### Work instruction
For each line below that includes the word "Quilted", make a copy.

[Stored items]

################

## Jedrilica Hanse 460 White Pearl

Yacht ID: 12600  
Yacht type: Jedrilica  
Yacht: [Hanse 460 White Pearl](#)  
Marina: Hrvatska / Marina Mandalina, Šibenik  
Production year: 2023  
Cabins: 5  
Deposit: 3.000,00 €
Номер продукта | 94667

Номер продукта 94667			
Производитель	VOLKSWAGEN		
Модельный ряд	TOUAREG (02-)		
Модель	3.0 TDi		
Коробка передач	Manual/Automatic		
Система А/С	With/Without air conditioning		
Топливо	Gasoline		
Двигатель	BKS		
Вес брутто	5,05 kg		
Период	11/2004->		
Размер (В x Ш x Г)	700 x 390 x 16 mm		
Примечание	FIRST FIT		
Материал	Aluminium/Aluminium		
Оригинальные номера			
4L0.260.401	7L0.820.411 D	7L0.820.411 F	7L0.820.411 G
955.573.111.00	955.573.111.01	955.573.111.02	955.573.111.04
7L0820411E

################

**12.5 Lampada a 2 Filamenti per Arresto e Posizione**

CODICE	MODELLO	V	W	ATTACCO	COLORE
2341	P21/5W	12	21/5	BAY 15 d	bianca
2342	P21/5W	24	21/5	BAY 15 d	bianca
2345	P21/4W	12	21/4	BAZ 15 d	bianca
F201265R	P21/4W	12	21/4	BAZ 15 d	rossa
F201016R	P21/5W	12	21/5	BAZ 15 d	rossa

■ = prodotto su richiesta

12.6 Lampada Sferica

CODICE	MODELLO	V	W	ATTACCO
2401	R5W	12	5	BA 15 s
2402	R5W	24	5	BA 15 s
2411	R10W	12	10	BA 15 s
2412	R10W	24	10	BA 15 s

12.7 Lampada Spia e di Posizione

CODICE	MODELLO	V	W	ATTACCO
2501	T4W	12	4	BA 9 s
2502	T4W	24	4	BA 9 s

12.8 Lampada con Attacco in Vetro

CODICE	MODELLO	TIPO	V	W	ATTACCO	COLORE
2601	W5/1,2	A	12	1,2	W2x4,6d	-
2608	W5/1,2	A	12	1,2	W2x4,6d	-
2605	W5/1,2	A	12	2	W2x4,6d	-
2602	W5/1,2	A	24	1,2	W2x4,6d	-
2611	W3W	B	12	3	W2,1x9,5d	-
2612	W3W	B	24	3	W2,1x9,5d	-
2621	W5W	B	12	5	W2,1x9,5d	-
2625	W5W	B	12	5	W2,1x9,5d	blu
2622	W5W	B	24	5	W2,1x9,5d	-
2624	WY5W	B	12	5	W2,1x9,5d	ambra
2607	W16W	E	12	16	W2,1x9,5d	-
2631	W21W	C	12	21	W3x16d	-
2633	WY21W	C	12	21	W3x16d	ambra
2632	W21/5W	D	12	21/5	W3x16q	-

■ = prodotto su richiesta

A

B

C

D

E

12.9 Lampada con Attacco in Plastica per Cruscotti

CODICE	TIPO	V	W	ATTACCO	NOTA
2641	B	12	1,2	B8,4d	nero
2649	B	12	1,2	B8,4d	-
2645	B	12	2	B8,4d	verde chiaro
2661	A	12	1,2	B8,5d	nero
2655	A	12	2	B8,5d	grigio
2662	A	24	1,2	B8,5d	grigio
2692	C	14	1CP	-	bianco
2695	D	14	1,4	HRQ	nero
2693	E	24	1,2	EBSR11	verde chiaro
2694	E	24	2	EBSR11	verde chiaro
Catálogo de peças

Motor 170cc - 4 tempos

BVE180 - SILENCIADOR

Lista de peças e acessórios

################

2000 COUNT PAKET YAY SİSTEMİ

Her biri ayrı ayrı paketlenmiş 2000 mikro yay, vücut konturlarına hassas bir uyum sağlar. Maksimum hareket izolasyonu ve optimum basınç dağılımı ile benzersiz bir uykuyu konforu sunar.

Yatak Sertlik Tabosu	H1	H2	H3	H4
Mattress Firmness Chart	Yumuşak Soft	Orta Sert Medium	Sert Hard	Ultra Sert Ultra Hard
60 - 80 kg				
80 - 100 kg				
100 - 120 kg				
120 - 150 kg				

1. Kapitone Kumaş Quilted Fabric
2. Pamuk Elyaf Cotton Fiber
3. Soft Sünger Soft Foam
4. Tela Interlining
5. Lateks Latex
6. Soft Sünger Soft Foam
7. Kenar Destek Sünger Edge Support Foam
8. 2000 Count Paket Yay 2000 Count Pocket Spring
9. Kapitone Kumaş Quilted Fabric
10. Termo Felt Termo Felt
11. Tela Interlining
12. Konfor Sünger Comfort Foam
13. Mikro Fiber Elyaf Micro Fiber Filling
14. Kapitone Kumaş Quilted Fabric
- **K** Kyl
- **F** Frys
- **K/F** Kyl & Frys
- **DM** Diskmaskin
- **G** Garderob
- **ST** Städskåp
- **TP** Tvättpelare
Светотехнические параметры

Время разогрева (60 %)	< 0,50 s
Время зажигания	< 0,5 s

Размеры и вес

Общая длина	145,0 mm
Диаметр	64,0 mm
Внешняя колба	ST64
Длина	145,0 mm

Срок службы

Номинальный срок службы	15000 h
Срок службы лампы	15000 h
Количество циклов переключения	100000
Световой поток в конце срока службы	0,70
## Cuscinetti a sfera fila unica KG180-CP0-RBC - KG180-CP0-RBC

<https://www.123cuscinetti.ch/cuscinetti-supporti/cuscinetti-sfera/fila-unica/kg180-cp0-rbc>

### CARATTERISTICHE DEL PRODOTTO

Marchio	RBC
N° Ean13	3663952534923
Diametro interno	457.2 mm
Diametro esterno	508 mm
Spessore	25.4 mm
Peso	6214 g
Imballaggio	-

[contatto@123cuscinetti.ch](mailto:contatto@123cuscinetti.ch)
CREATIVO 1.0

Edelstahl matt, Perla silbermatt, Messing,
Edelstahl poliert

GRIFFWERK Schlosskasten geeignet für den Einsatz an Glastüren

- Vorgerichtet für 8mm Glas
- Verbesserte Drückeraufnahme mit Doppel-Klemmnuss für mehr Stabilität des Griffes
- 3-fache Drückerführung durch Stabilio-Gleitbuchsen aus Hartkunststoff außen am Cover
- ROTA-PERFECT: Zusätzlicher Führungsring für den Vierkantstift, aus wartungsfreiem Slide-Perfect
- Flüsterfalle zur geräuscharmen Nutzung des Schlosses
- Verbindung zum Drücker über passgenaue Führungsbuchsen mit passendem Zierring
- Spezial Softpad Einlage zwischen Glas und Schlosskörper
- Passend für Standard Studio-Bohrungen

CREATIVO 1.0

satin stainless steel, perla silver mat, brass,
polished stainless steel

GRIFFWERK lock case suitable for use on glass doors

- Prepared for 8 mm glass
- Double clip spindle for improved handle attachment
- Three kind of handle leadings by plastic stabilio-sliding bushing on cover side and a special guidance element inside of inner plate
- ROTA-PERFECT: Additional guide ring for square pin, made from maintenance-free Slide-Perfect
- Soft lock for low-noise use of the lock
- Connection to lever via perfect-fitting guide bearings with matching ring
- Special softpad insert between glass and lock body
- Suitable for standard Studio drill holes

################

### Task answer
1. Kapitone Kumaş Quilted Fabric
9. Kapitone Kumaş Quilted Fabric
14. Kapitone Kumaş Quilted Fabric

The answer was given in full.